Collection entries:
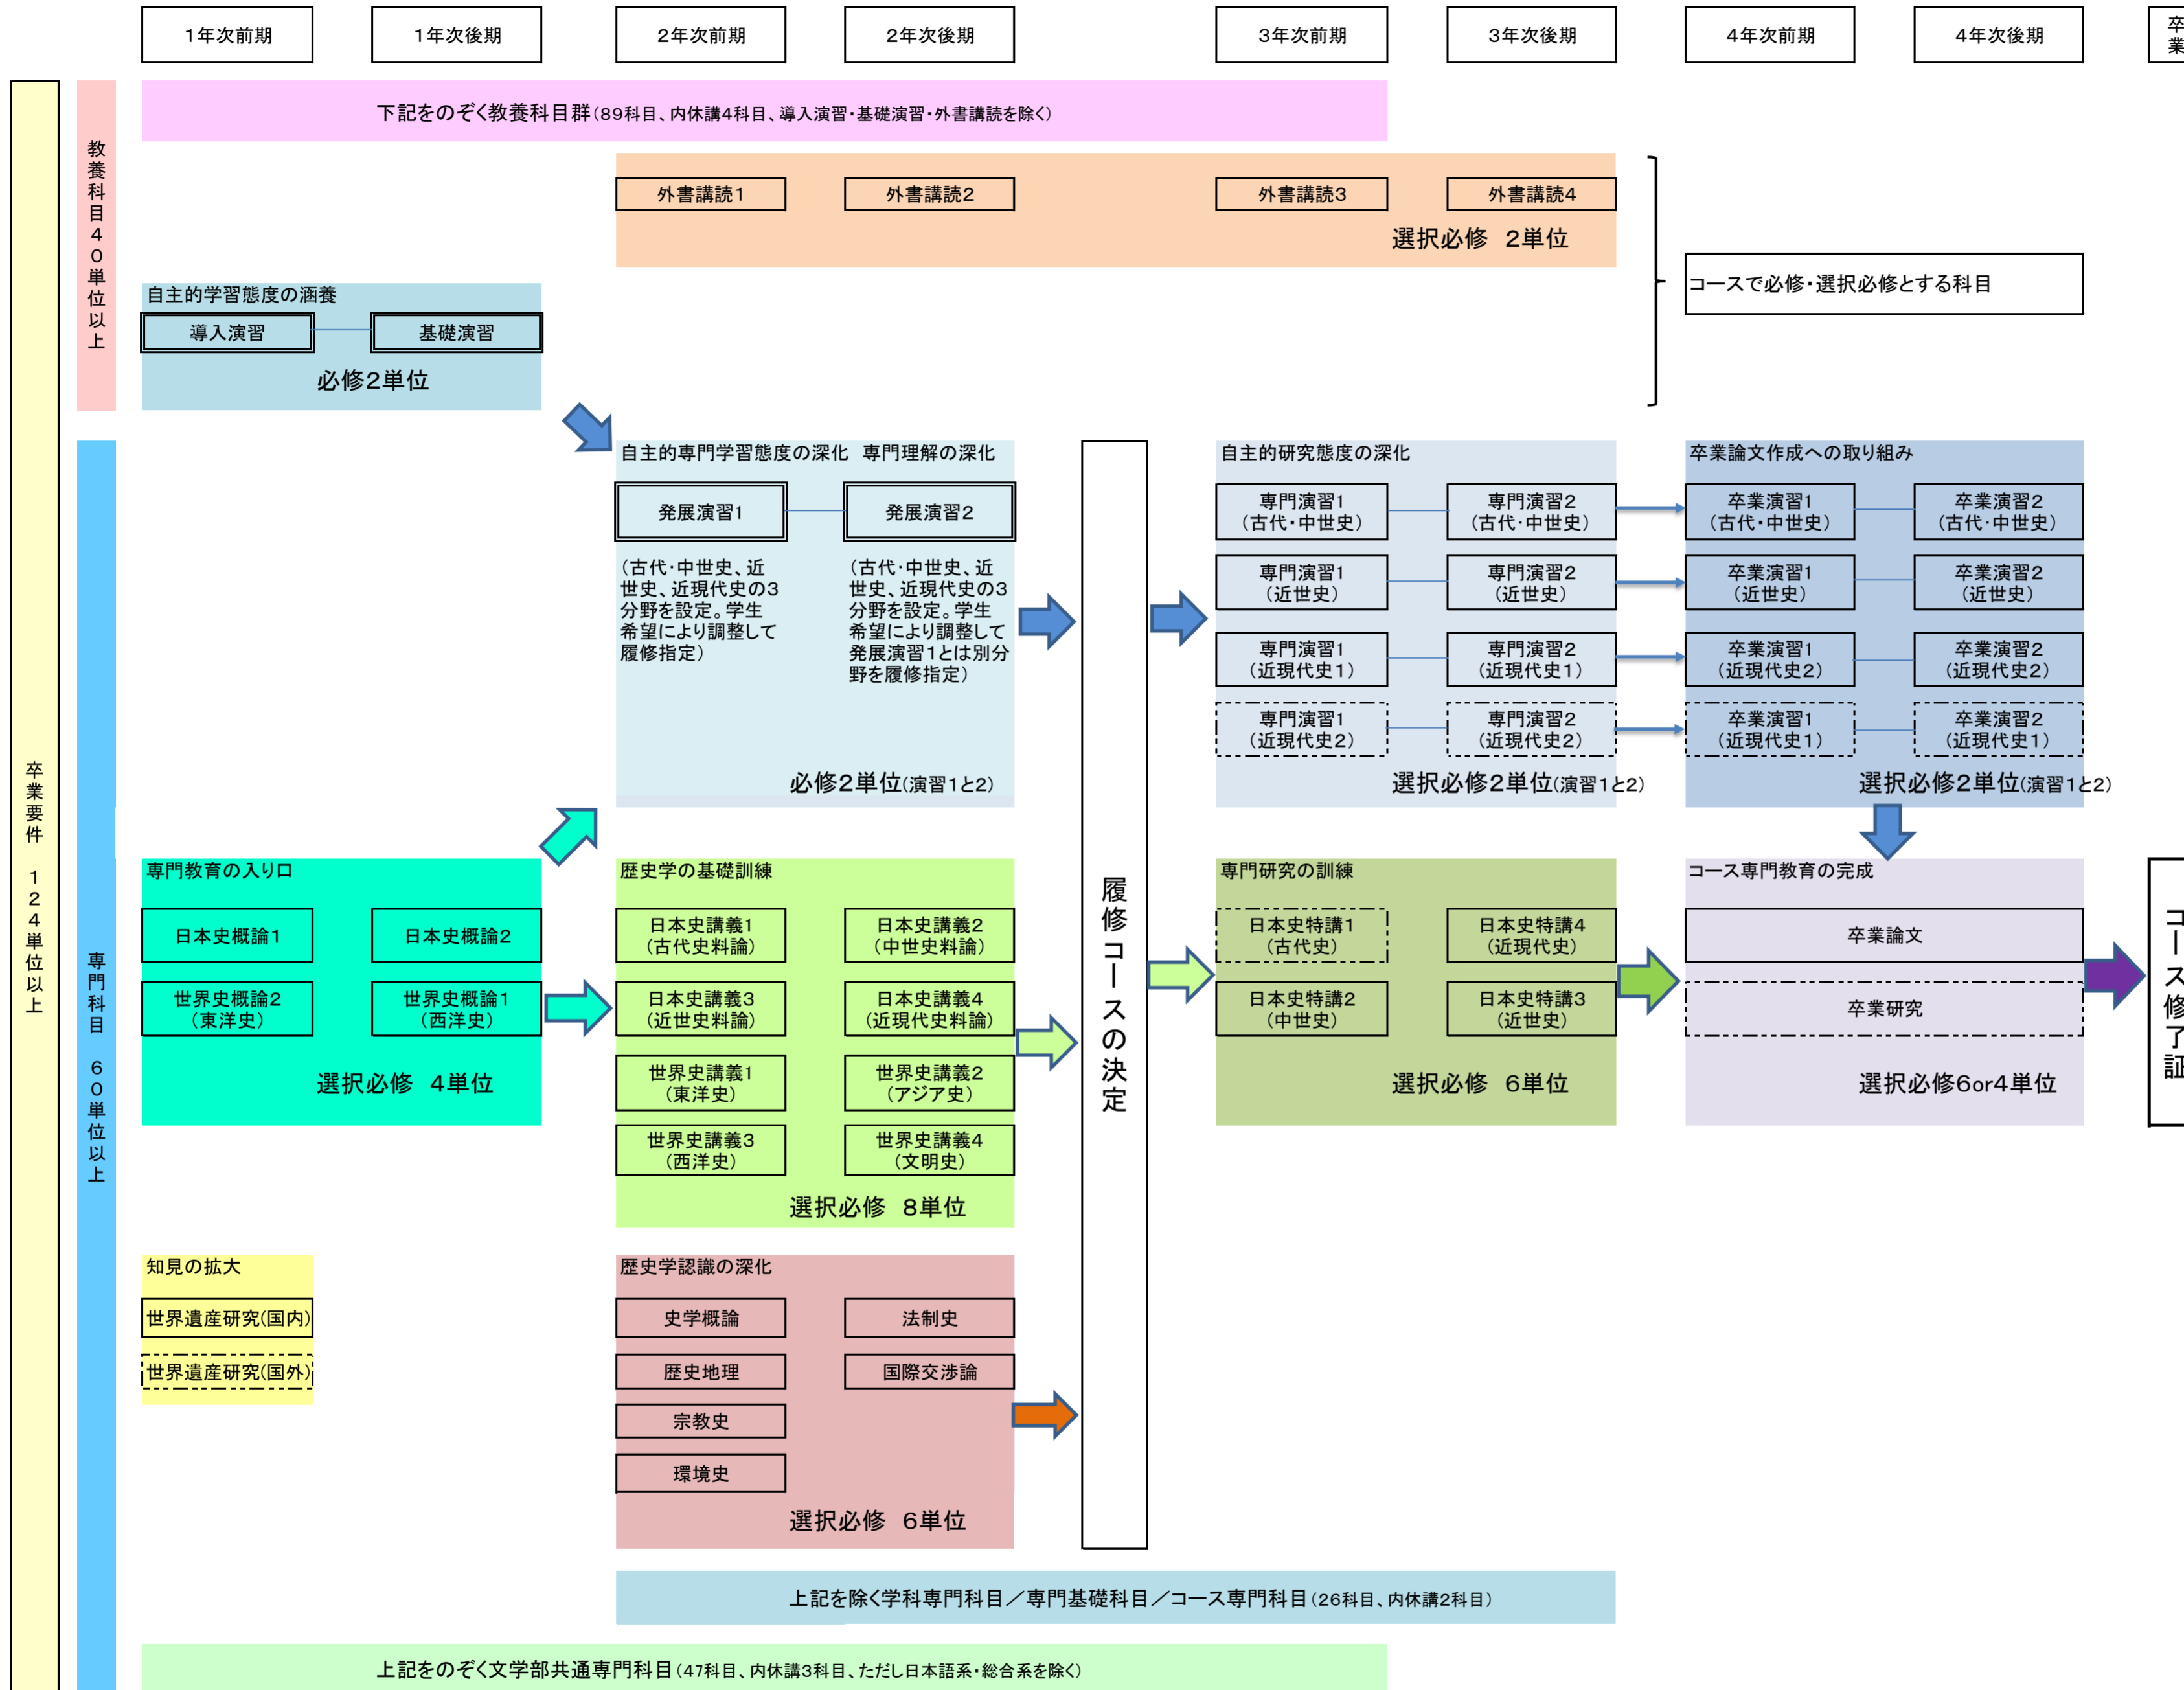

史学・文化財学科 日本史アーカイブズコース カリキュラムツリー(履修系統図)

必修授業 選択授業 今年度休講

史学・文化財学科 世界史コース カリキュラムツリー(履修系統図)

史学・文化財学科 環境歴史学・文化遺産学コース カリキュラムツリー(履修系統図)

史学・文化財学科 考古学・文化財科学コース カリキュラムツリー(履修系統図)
--
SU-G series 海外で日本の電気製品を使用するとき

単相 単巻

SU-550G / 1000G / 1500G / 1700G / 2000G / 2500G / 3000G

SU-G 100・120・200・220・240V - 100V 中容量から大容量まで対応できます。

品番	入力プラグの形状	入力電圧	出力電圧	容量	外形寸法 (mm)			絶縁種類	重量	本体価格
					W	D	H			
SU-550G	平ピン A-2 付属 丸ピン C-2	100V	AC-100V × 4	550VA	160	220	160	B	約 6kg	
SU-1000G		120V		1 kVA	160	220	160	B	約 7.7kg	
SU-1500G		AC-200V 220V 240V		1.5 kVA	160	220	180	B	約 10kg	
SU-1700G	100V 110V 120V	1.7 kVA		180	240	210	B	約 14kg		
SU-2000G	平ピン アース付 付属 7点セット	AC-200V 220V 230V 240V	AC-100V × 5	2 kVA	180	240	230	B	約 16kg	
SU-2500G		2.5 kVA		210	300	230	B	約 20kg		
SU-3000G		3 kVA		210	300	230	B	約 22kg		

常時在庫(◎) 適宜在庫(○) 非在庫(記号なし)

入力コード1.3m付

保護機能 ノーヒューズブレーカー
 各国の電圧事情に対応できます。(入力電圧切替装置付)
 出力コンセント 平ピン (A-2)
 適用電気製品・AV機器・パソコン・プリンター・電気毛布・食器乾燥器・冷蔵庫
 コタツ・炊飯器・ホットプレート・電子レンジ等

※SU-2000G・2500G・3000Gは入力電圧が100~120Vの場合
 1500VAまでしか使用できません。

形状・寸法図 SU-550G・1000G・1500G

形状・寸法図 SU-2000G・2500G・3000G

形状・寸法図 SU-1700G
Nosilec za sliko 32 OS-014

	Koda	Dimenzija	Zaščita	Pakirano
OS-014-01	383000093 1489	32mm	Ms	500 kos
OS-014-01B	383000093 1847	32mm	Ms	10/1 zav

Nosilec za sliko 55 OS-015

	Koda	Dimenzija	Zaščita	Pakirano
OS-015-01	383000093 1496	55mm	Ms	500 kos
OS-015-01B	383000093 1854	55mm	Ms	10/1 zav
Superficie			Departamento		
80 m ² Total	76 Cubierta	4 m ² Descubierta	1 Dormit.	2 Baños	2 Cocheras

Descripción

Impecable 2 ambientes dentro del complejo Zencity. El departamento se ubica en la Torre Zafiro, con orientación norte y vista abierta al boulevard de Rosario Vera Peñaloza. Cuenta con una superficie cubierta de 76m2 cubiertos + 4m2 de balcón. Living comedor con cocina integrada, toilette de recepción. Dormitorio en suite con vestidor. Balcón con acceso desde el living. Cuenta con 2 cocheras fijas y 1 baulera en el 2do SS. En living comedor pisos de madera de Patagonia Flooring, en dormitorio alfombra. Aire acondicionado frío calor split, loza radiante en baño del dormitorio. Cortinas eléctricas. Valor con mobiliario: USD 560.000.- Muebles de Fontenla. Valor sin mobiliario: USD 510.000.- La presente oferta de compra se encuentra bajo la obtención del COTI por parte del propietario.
* * *
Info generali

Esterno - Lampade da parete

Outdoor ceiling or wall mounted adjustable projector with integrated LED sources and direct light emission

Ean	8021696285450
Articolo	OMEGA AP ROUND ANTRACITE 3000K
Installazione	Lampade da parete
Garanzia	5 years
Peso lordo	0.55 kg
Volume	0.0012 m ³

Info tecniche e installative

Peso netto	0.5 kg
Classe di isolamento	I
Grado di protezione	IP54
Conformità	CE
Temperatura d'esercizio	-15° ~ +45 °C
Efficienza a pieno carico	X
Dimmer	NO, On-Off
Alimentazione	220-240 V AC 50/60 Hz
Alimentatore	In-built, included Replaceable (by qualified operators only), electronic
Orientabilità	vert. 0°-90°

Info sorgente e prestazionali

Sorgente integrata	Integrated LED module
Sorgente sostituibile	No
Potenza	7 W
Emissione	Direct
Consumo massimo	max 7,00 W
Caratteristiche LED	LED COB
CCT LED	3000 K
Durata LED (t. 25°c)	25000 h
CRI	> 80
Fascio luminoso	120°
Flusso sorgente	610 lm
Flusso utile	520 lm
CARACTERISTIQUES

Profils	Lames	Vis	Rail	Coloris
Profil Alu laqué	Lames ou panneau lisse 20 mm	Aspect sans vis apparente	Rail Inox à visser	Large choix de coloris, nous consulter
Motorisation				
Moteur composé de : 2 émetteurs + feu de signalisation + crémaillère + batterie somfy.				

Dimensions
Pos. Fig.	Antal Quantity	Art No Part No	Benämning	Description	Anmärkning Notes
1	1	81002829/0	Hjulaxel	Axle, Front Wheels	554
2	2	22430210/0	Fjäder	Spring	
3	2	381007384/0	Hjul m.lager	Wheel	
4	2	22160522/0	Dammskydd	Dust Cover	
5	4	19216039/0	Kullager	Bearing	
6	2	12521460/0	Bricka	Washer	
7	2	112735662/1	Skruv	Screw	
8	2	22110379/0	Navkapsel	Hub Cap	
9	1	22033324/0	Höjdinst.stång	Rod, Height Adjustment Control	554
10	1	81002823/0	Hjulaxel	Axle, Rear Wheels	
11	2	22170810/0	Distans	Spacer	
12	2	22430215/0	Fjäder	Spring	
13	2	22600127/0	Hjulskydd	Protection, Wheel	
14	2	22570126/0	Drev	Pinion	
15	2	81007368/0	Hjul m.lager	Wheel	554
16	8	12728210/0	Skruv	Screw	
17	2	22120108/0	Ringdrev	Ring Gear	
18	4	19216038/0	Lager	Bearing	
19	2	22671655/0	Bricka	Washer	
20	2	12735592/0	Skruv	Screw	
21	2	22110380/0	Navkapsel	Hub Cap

## WHAT TO DO
The lines above starting at the one that contains "史学・文化財学科 日本史アーカイブズコース カリキュラムツリー(履修系統図)" and ending at the one that contains "史学・文化財学科 考古学・文化財科学コース カリキュラムツリー(履修系統図)" must be transcribed exactly, and no other lines may appear.

## EXERCISE ANSWER
史学・文化財学科 日本史アーカイブズコース カリキュラムツリー(履修系統図)

必修授業 選択授業 今年度休講

史学・文化財学科 世界史コース カリキュラムツリー(履修系統図)

史学・文化財学科 環境歴史学・文化遺産学コース カリキュラムツリー(履修系統図)

史学・文化財学科 考古学・文化財科学コース カリキュラムツリー(履修系統図)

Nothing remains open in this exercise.